I was trying to understand the linux perf
, and found some really confusing behavior:
I wrote a simple multi-threading example with one thread pinned to each core; each thread runs computation locally and does not communicate with each other (see test.cc
below). I was thinking that this example should have really low, if not zero, context switches. However, using linux perf
to profile the example shows thousands of context-switches - much more than what I expected. I further profiled the linux command sleep 20
for a comparison, showing much fewer context switches.
This profile result does not make any sense to me. What is causing so many context switches?

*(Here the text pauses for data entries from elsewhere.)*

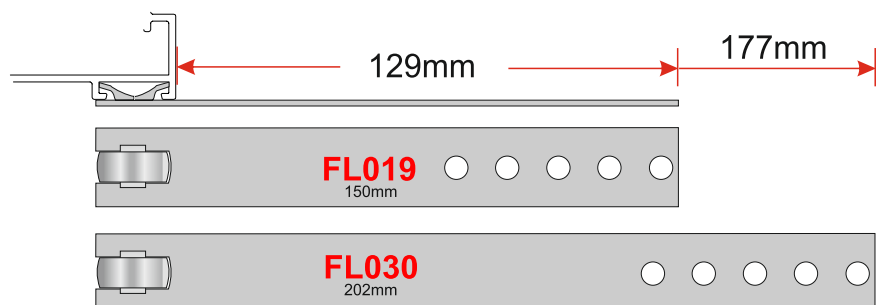

Smart Visoline
& Superglide
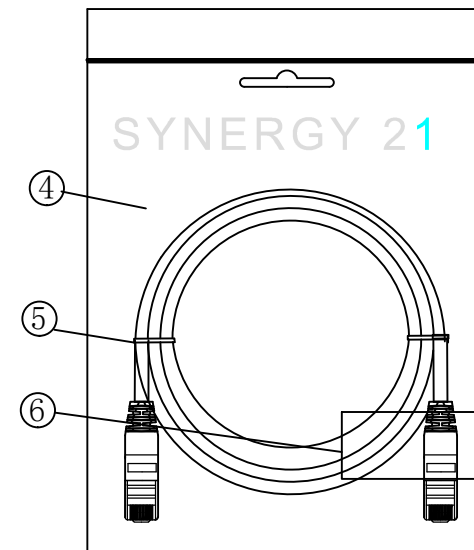

COLOR:BLACK PANTONE BLACK 3C		
ITEM	LENGTH (mm)	PACKING
S216931	150±5	SYNERGY 21 Bag A
S216915	250±10	SYNERGY 21 Bag A
S216916	500±15	SYNERGY 21 Bag A
S216917	1000±30	SYNERGY 21 Bag A
S216918	1500±30	SYNERGY 21 Bag A
S216919	2000±30	SYNERGY 21 Bag A
S216920	3000±50	SYNERGY 21 Bag A
S216921	5000±200	SYNERGY 21 Bag B
S216922	7500±200	SYNERGY 21 Bag B
S216923	10000±200	SYNERGY 21 Bag B
S216924	15000±300	SYNERGY 21 Bag C
S216925	20000±300	SYNERGY 21 Bag C
S216926	25000±300	SYNERGY 21 Bag C
S216927	30000±300	SYNERGY 21 Bag D
S216928	40000±500	SYNERGY 21 Bag D
S216929	50000±500	SYNERGY 21 Bag D

COLOR:RED PANTONE 199C		
ITEM	LENGTH (mm)	PACKING
S216689	150±5	SYNERGY 21 Bag A
S216690	250±10	SYNERGY 21 Bag A
S216691	500±15	SYNERGY 21 Bag A
S216692	1000±30	SYNERGY 21 Bag A
S216693	1500±30	SYNERGY 21 Bag A
S216694	2000±30	SYNERGY 21 Bag A
S216695	3000±50	SYNERGY 21 Bag A
S216696	5000±200	SYNERGY 21 Bag B
S216697	7500±200	SYNERGY 21 Bag B
S216698	10000±200	SYNERGY 21 Bag B
S216699	15000±300	SYNERGY 21 Bag C

Hasia		ADD RED CABLE	2022-05-10	A7
		NEW	2015-01-20	A
BY	CHK	REVISION RECORD MODIFICATIONS	DATE	REV.

SYNERGY 21					
CUSTOMER NO.		ITEM NO.	SEE THE CHART		
PRODUCT NAME	CAT. 6 S/FTP PATCH CORD TPE-LSZH	manufacture country:	CHINA	UNIT	MM
SYNERGY 21	SYNERGY 21	SYNERGY 21			
DRAWNBY	CHECKBY	APPOBY	DATE		
SYNERGY 21	SYNERGY 21	SYNERGY 21	2015-01-20
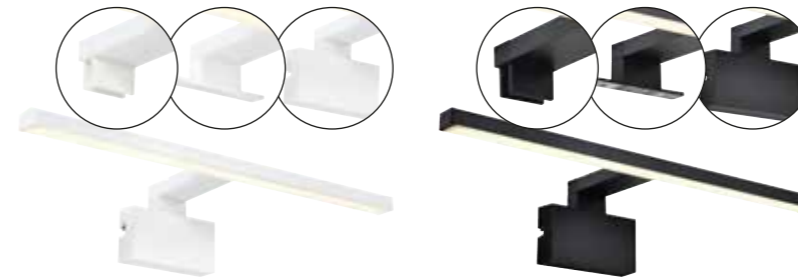

Marlee 4000K Wall

> sudo perf stat -e sched:sched_switch ./test
Performance counter stats for './test':
6,725 sched:sched_switch
20.835 seconds time elapsed
> sudo perf stat -e sched:sched_switch sleep 20
Performance counter stats for 'sleep 20':
1 sched:sched_switch
20.001 seconds time elapsed
For reproducing the results, please run the following code:
perf stat -e context-switches sleep 20
perf stat -e context-switches ./test
To compile the source code, please type the following code:
g++ -std=c++11 -pthread -o test test.cc
// test.cc
#include <iostream>
#include <thread>
#include <vector>
int main(int argc, const char** argv) {
unsigned num_cpus = std::thread::hardware_concurrency();
std::cout << "Launching " << num_cpus << " threads\n";
std::vector<std::thread> threads(num_cpus);
for (unsigned i = 0; i < num_cpus; ++i) {
threads[i] = std::thread([i] {
int j = 0;
while (j++ < 100) {
int tmp = 0;
while (tmp++ < 110000000) { }
}
});
cpu_set_t cpuset;
CPU_ZERO(&cpuset);
CPU_SET(i, &cpuset);
int rc = pthread_setaffinity_np(threads[i].native_handle(),
sizeof(cpu_set_t), &cpuset);
if (rc != 0) {
std::cerr << "Error calling pthread_setaffinity_np: " << rc << "\n";
}
}
for (auto& t : threads) {
t.join();
}
return 0;
}